-- GOAL OF THE EXERCISE --
Scan the data below and copy each line where "Polystyreen" occurs.

-----

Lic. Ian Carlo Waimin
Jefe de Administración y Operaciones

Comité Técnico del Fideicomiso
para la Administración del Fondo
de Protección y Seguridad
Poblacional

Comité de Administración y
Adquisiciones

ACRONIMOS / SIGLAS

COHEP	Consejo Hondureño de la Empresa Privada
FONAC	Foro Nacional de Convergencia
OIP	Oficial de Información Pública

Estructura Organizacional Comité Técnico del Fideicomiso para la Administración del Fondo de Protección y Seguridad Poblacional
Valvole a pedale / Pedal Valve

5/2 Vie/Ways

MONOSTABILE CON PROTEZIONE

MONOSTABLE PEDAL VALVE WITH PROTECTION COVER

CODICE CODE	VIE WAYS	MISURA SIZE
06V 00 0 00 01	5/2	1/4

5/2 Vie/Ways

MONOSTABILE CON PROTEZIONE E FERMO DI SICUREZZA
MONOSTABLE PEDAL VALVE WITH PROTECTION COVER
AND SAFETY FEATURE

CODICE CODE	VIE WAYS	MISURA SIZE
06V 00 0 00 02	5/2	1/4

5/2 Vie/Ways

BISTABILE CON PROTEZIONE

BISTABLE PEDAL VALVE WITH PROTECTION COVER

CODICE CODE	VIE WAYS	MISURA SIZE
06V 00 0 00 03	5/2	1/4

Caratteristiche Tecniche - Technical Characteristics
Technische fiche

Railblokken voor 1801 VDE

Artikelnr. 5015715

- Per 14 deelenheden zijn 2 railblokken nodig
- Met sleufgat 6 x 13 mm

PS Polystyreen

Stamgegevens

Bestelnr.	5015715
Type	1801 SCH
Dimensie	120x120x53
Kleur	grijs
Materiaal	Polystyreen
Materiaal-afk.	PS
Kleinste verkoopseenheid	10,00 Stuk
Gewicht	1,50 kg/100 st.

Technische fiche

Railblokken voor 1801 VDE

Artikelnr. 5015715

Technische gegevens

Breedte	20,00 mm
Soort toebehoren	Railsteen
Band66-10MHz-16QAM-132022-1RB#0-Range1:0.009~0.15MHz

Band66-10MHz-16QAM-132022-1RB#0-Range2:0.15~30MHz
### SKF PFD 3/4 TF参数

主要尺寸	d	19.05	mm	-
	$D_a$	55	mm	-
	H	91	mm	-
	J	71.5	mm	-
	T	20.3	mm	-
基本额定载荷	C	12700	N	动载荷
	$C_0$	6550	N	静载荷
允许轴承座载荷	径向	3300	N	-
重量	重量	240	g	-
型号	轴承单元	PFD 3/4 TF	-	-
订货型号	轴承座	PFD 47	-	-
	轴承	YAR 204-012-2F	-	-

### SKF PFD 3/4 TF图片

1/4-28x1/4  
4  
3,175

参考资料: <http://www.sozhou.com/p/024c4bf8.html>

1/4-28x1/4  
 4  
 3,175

-----

-- RESPONSE TO THE TASK --
PS Polystyreen
Materiaal	Polystyreen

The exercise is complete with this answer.